Genmai雑記帳

・・・人にやさしく

仙台高裁秋田:遺留分算定の対象となる「1年間」・減殺の権利濫用

昭和35年(ネ)第48号遺留分減殺請求控訴事件
昭和36年09月25日 仙台高秋田支判
判示事項

1.停止条件付贈与と1030条の「一年前」ほか
2.養子による遺留分減殺請求の権利の濫用

(抽出・加工あり。原文参照)

(二)〜弥吉は被控訴人に対し、昭和25年〜第二目録記載の不動産を贈与し、かつ〜第一目録記載の不動産も〜知事の許可を停止条件として贈与〜
〜昭和30年〜県知事に対し〜許可を申請〜、登記〜
〜1030条〜相続開始前の1年前〜贈与にあたるかどうかは、停止条件附で贈与の意思表示がされた場合であると否とを問わず、贈与の意思表示がされた時を標準として判断すべく〜意思表示〜が〜1年前であるときは、相続開始前の1年前〜贈与である〜。〜。

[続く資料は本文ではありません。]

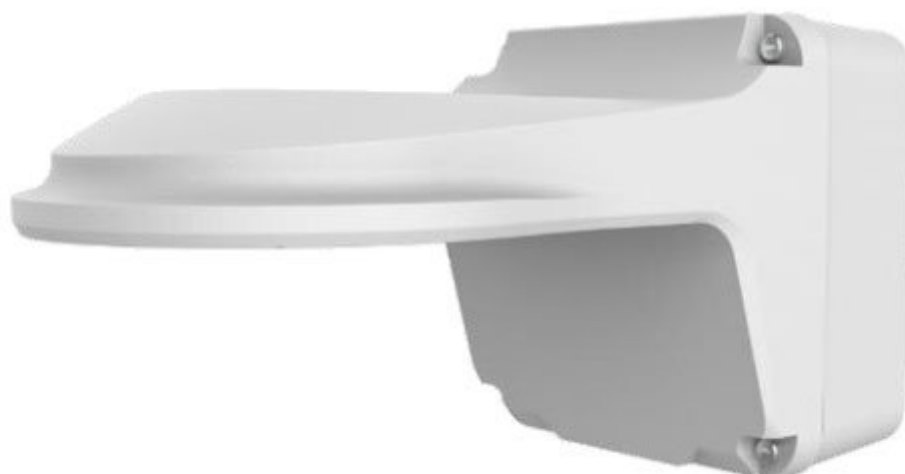

VIDICON®

TR-JB07 / WM03-G-IN

PEŁNY OPIS

Zastosowanie	Uchwyt montażowy kamery kopułkowej
Wymiary	126.7 × 126.4 × 228.4mm
Waga	1kg
Materiał	Aluminium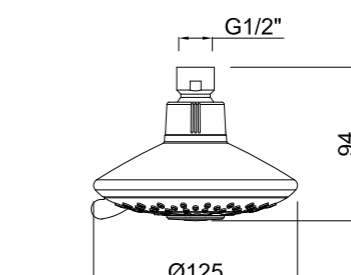

Rociador de ducha con 5 funciones
5 Functions shower-head
Pomme de douche avec 5 positions

CÓDIGO Code Code	ACABADO Finish Finition	PRECIO Price Prix
2000006200	CROMO Chrome <i>Chrome</i>	22,95 €

Caudal de agua: 18 l/min (4,8 GPM) a 3 bar (44 psi)
Water flow: 18 l/min (4,8 GPM) to 3 bar (44 psi)
Débit d'eau: 18 l/min (4,8 GPM) à 3 bar (44 psi)

CÓDIGO Code Code	ACABADO Finish Finition	PRECIO Price Prix
200008800	CROMO Chrome <i>Chrome</i>	49,35 €

Caudal de agua: 18 l/min (4,8 GPM) a 3 bar (44 psi)
Water flow: 18 l/min (4,8 GPM) to 3 bar (44 psi)
Débit d'eau: 18 l/min (4,8 GPM) à 3 bar (44 psi)

Rociador con 5 posiciones
5 positions head shower
Pomme de douche avec 5 positions

CÓDIGO Code Code	ACABADO Finish Finition	PRECIO Price Prix
200001700	CROMO Chrome <i>Chrome</i>	41,30 €

Caudal de agua: 8 l/min (1,76 GPM) a 3 bar (44 psi)
Water flow: 8 l/min (1,76 GPM) to 3 bar (44 psi)
Débit d'eau: 8 l/min (1,76 GPM) à 3 bar (44 psi)

CÓDIGO Code Code	ACABADO Finish Finition	PRECIO Price Prix
20300	CROMO Chrome <i>Chrome</i>	24,35 €

CÓDIGO Code Code	ACABADO Finish Finition	PRECIO Price Prix
201500	CROMO Chrome <i>Chrome</i>	17,35 €

Caudal de agua: 8 l/min (1,76 GPM) a 3 bar (44 psi)
Water flow: 8 l/min (1,76 GPM) to 3 bar (44 psi)
Débit d'eau: 8 l/min (1,76 GPM) à 3 bar (44 psi)

CÓDIGO Code Code	ACABADO Finish Finition	PRECIO Price Prix
201000	CROMO Chrome <i>Chrome</i>	13,95 €

Caudal de agua: 16 l/min (4,75 GPM) a 3 bar (44 psi)
Water flow: 16 l/min (4,75 GPM) to 3 bar (44 psi)
Débit d'eau: 16 l/min (4,75 GPM) à 3 bar (44 psi)

CÓDIGO Code Code	ACABADO Finish Finition	PRECIO Price Prix
20500	CROMO Chrome <i>Chrome</i>	10,95 €

Caudal de agua: 15 l/min (3,3 GPM) a 3 bar (44 psi)
Water flow: 15 l/min (3,3 GPM) to 3 bar (44 psi)
Débit d'eau: 15 l/min (3,3 GPM) à 3 bar (44 psi)

3〜控訴人は昭和2年〜弥吉夫婦と〜養子となつたが、〜協力し養家をもりたてていく気持が乏しく、家業の農業も怠りがち〜折り合いもとかく円満を欠き、そのうえ当時の経済不況も重なり〜所有していた約二町歩の自作田も昭和15年〜当時にはその大半が他人の手に移つたのみならず、弥吉はかなりの借財を負担するに至つた〜

〜控訴人は〜窮迫した養家に見切りをつけ、養家から独立して別個に世帯を設けて自己の恩給と成長した子供の働きとにより生活することを決意〜弥吉夫婦や親族等の熱心な引き留めもききいれず、養家の財産は一切いらないと言明し〜62才の養父〜と58才の養母チヨをあとに〜をあとに残したまま、妻子を連れて養家を立ち去り、以後、養父母を扶養したことのない〜、〜交際も全く絶ち、他人同様の関係〜、弥吉死亡の通知を受けながら、その葬儀にすら出席しなかつた。

〜養家では控訴人が立ち去つたため働き手を失い、家業の農業の継続はもとより生活の維持すらあやぶまれる事態に立ち至つた〜
〜親族相寄り協議〜分家筋にあたる弟〜の長男被控訴人を弥吉家に迎えいれることになつた〜
〜被控訴人は〜農業に精進し〜扶養に勉め、弥助の援助を得て弥吉の借財も整理し、弥吉家の再建に努力してきた。
そこで、弥吉は、その一切の財産を挙げて被控訴人に贈与し〜老後と祖先の祭祀を同人に託し、被控訴人は〜死亡までみとりその葬儀を営み〜現にチヨを扶養している〜

 〜控訴人は養家の窮迫時に、その窮迫について自己も一半の責任を負つているにかかわらず、身勝手にも、老令の養父母を見捨てたもので、養親子間の信頼関係を破壊する不信行為というべく、しかも、控訴人は、養家の財産は一切いらないと表明して養家を立ち去り、以後全く養子たるの実質を失いながら、本訴請求〜
〜信義にそむく行為〜養子とは名ばかりの控訴人の本訴請求は遺留分制度の趣旨にももとる〜、さらに〜専ら被控訴人の努力、精進により建て直された〜財産の分配を受けること〜養家の窮状を傍観しその再建になんらの力もかさなかつた控訴人に本訴請求を許容することは、衡平の原則にも反する。